Data records
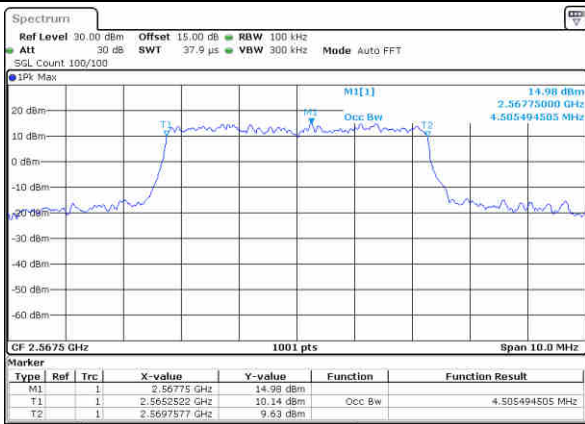

Highest Channel / 20MHz / QPSK

Date: 6,NOV,2017 22:57:17

Highest Channel / 20MHz / 16QAM

Date: 6,NOV,2017 22:57:27

LTE Band 7

Lowest Channel / 5MHz / QPSK

Date: 3 NOV 2017 21:03:10

Lowest Channel / 5MHz / 16QAM

Date: 3 NOV 2017 21:03:20

Middle Channel / 5MHz / QPSK

Date: 3 NOV 2017 21:10:07

Middle Channel / 5MHz / 16QAM

Date: 3 NOV 2017 21:10:17

Highest Channel / 5MHz / QPSK

Date: 3 NOV 2017 21:12:32

Highest Channel / 5MHz / 16QAM

Date: 3 NOV 2017 21:12:42

LTE Band 7

Lowest Channel / 10MHz / QPSK

Date: 3 NOV 2017 21:19:29

Lowest Channel / 10MHz / 16QAM

Date: 3 NOV 2017 21:19:39

Middle Channel / 10MHz / QPSK

Date: 3 NOV 2017 21:26:26

Required action => Working from the records above, write out verbatim only the lines from the line containing "Lowest Channel / 5MHz / 16QAM" through the line containing "Lowest Channel / 10MHz / 16QAM".

Solution to this task =>
Lowest Channel / 5MHz / 16QAM

Date: 3 NOV 2017 21:03:20

Middle Channel / 5MHz / QPSK

Date: 3 NOV 2017 21:10:07

Middle Channel / 5MHz / 16QAM

Date: 3 NOV 2017 21:10:17

Highest Channel / 5MHz / QPSK

Date: 3 NOV 2017 21:12:32

Highest Channel / 5MHz / 16QAM

Date: 3 NOV 2017 21:12:42

LTE Band 7

Lowest Channel / 10MHz / QPSK

Date: 3 NOV 2017 21:19:29

Lowest Channel / 10MHz / 16QAM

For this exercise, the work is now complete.